Choosing serialization frameworks

I was reading about the downsides of using java serialization and the necessity to go for serialization frameworks. There are so many frameworks like avro, parquet, thrift, protobuff.
Question is what framework addresses what and what are all the parameters that are to be considered while choosing a serialization framework.
I would like to get hands on with a practical use case and compare/choose the serialization frameworks based on the requirements.
Can somebody please assist on this topic?
There are a lot of factors to consider. I'll go through some of the important ones.
0) Schema first or Code First
If you have a project that'll involve different languages, code first approaches are likely to be problematic. It's all very well have a JAVA class that can be serialised, but it might be a nuisance if that has to be deserialised in C.
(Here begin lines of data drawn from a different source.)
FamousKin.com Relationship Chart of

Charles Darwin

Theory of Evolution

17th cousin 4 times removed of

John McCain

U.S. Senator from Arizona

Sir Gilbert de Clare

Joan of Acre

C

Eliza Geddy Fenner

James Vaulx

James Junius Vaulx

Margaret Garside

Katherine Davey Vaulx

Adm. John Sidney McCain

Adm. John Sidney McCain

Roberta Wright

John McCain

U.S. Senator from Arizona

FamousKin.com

Generally I favour schema first approaches, just in case.
1) Inter-object Demarkation
Some serialisations produce a byte stream that makes it possible to see where one object stops and another begins. Other do not.
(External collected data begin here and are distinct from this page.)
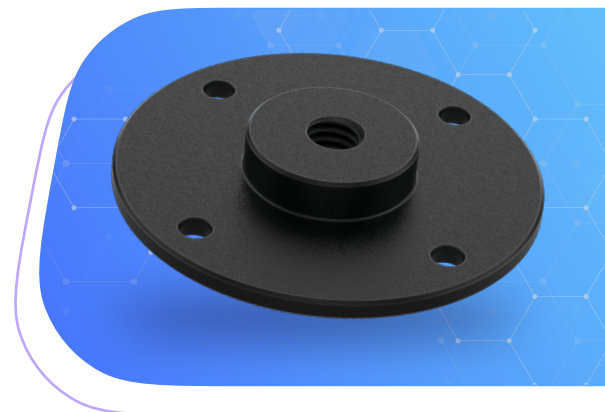

## BG-VPTZ-CM

METAL CEILING MOUNT BRACKET FOR BZBGEAR VPTZ SERIES CAMERAS

The BG-VPTZ-CM is a ceiling-mount bracket for BZBGEAR's VPTZ-Series cameras. It is a slim-profile mount designed to attach your camera to the ceiling. The mount has multiple holes for versatile mounting options. It is constructed from heavy-gauge steel and covered with a powder-coated finish. This bracket mounts directly to drywall, masonry, or wood.

## BG-VPTZ-WM

METAL WALL MOUNT BRACKET FOR BZBGEAR VPTZ SERIES CAMERAS

The BG-VPTZ-WM is a wall mount bracket for the VPTZ camera series. Multiple cut-outs allow versatile mounting and cable pass-through options. This bracket is constructed from durable heavy-gauge steel with a powder-coat finish and is designed to provide a secure and stable base for your PTZ camera. It can be mounted directly to drywall, wood, or masonry.

## BG-VPTZ-TPM

TRIPOD MOUNT ADAPTER FOR BG-VPTZ CAMERAS

This mount adds even more versatility to our VPTZ series cameras. Simply attach this piece to the bottom of your VPTZ camera and you'll be able to mount it to a tripod, giving you the ultimate flexibility to capture that perfect shot!
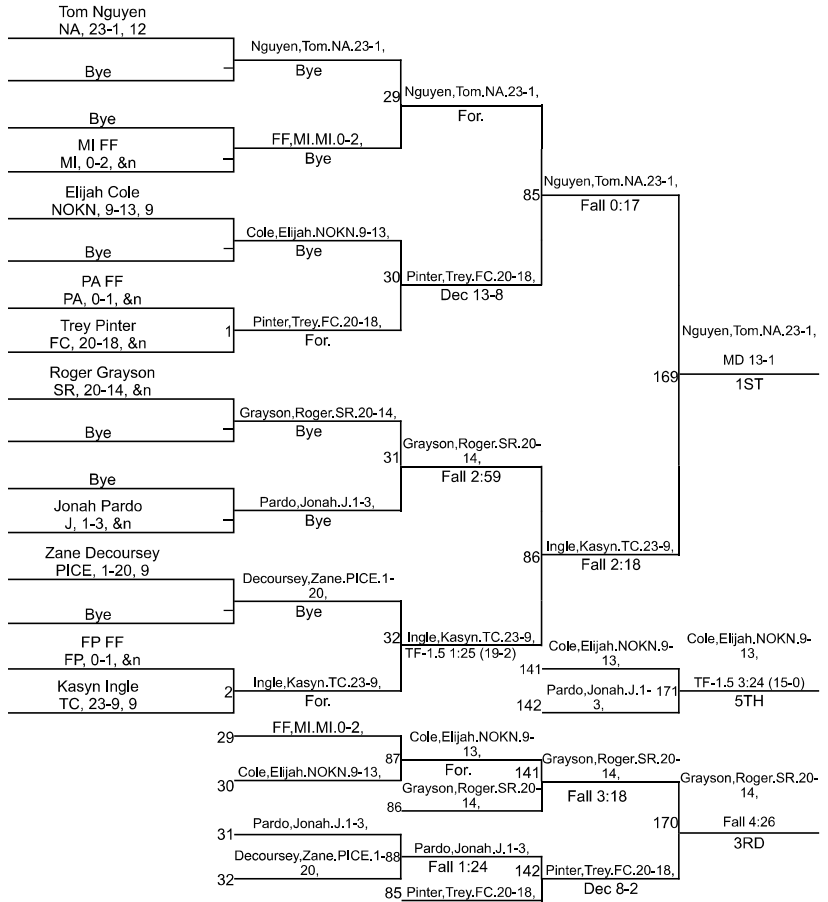

Team Scores

Printed on 02/02/2025 04:29 p.m.

Team Scores		
1	Floyd Central	275.5
2	Jasper	224.0
3	Tell City	180.5
4	New Albany	169.0
5	Southridge	145.5
6	North Knox	80.0
7	Forest Park	65.5
8	Paoli	46.5
9	Pike Central	43.0
10	Mitchell	24.0

IHSAA Sectional @ Southridge High School

106

IHSAA Sectional @ Southridge High School

113

IHSAA Sectional @ Southridge High School

120

IHSAA Sectional @ Southridge High School

126
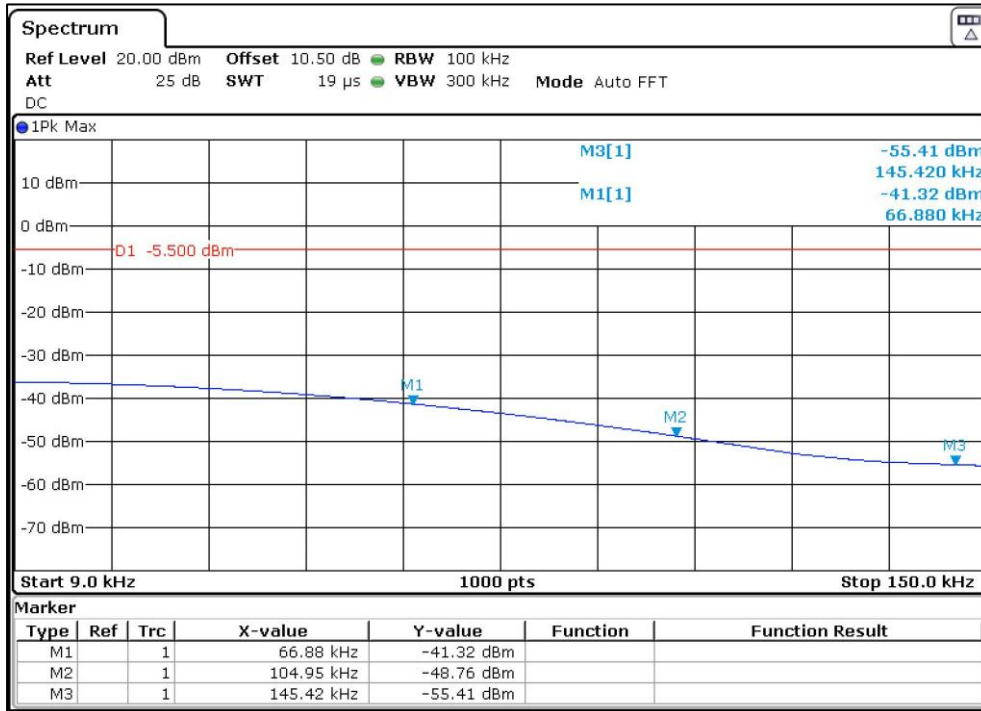

7.4.2 Out-Of-Band Emissions

Modulation: 802.11b

Data Rate 1Mbps

Channel Frequency 2412MHz

Frequency Range 9kHz –150kHz
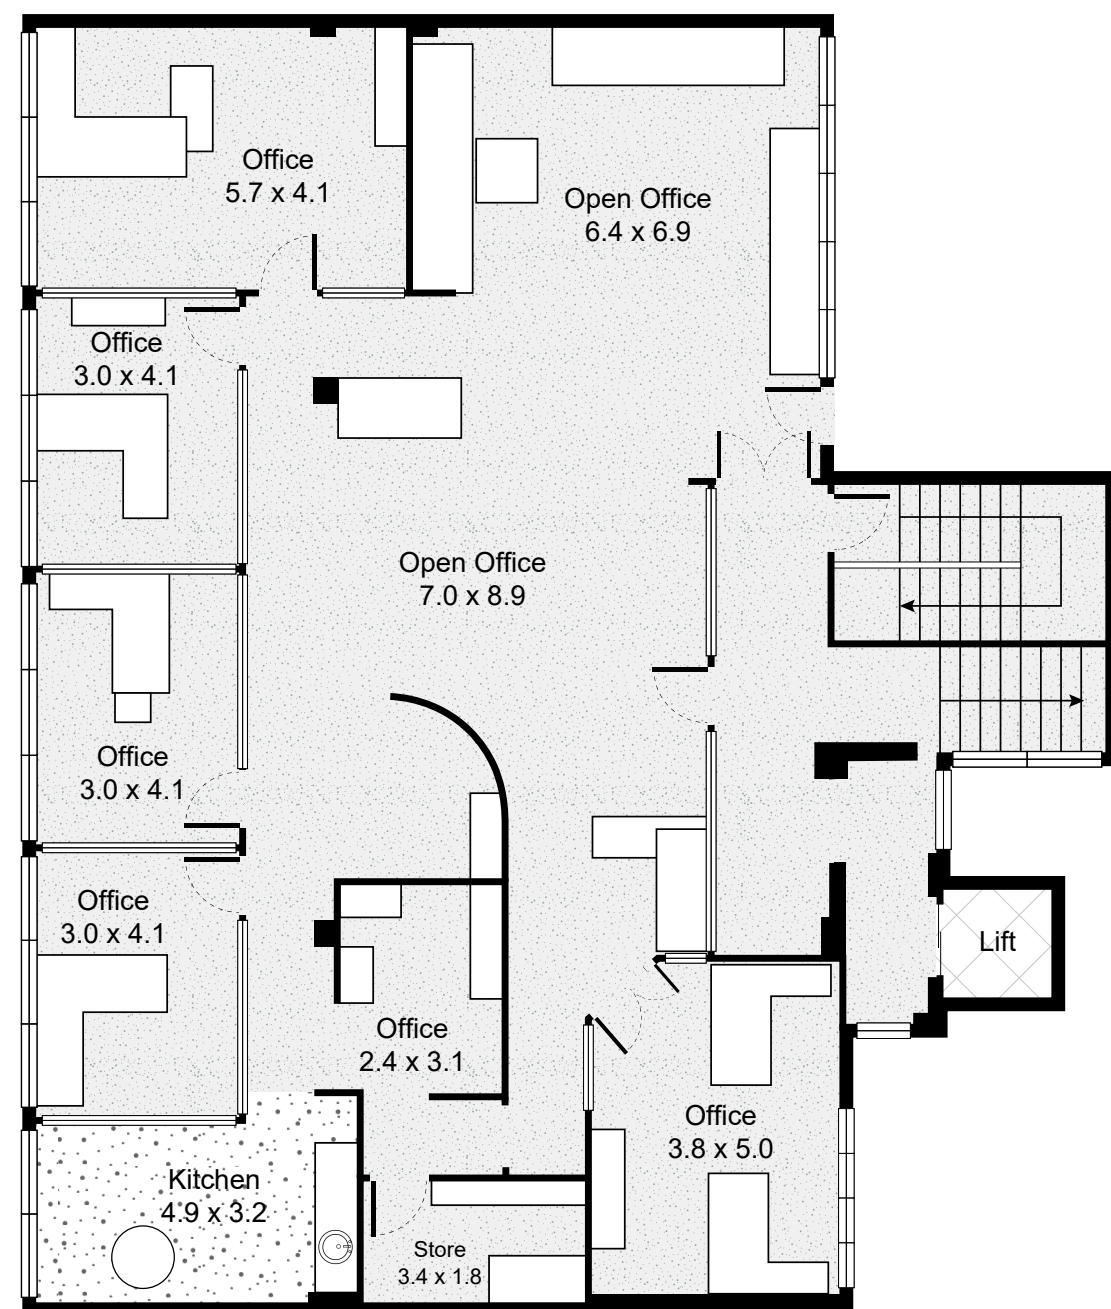

57 Old Cleveland Road, Stones Corner

 2 Bath

LEVEL 1

LEVEL 1A

Level 1 and Level 1A Existing	508 sqm
-------------------------------	---------

LITTLE Hinges virtual tours

This property is ready for you to virtually inspect now

So, if you have a message transport / data store that will separate out batches of bytes for you, e.g. ZeroMQ, or a data base field, then you can use a serialisation that doesn't demarkate messages. Examples include Google Protocol Buffers. With demarkation done by the transport / store, the reader can get a batch of bytes knowing for sure that it encompasses one object, and only one object.
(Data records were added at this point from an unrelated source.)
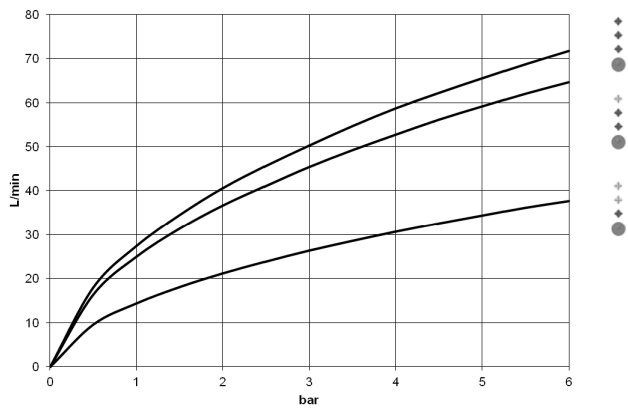

META Bath thermostat for wall mounting without shower set - Brushed Light Gold

META

34 201 979

- 210mm projection
- circular normal flow
- rotary diverter with volume control and shut-off function
- 3/8" shower outlet
- slide-on rosettes Ø 60 mm
- 1/2" connection
- gauge 150 mm - 15 mm
- max. flow 16.9 l/min at 3 bar flow pressure
- WRAS 2201054

Required miscellaneous

Concealed adapter - 35 080 970-90
 ●please order two adapters (USA only) 0010

34 201 979
mm [inches]

Flow rate chart

Codes & Standards

California Energy
Commission
(CEC)

DIN 4109

ISO 3822
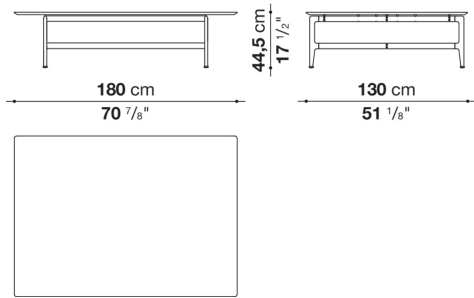

Technical drawings

PN180_2

If your message transport / data store doesn't demarkate between batches of bytes, e.g. a network stream or a file, then either you invent your own demarkation markers, or use a serialisation that demarkates for you. Examples include ASN.1 BER, XML.
2) Cannonical
This is a property of a serialisation which means that the serialised data desribes its own structure. In principal the reader of a cannonical message doesn't have to know up front what the message structure is, it can simply work that out as it reads the bytes (even if it doesn't know the field names). This can be useful in circumstances where you're not entirely sure where the data is coming from. If the data is not cannonical, the reader has to know in advance what the object structure was otherwise the deserialisation is ambiguous.
Examples of cannonical serialisations include ASN.1 BER, ASN.1 cannonical PER, XML. Ones that aren't include ASN.1 uPER, possibly Google Protocol Buffers (I may have that wrong).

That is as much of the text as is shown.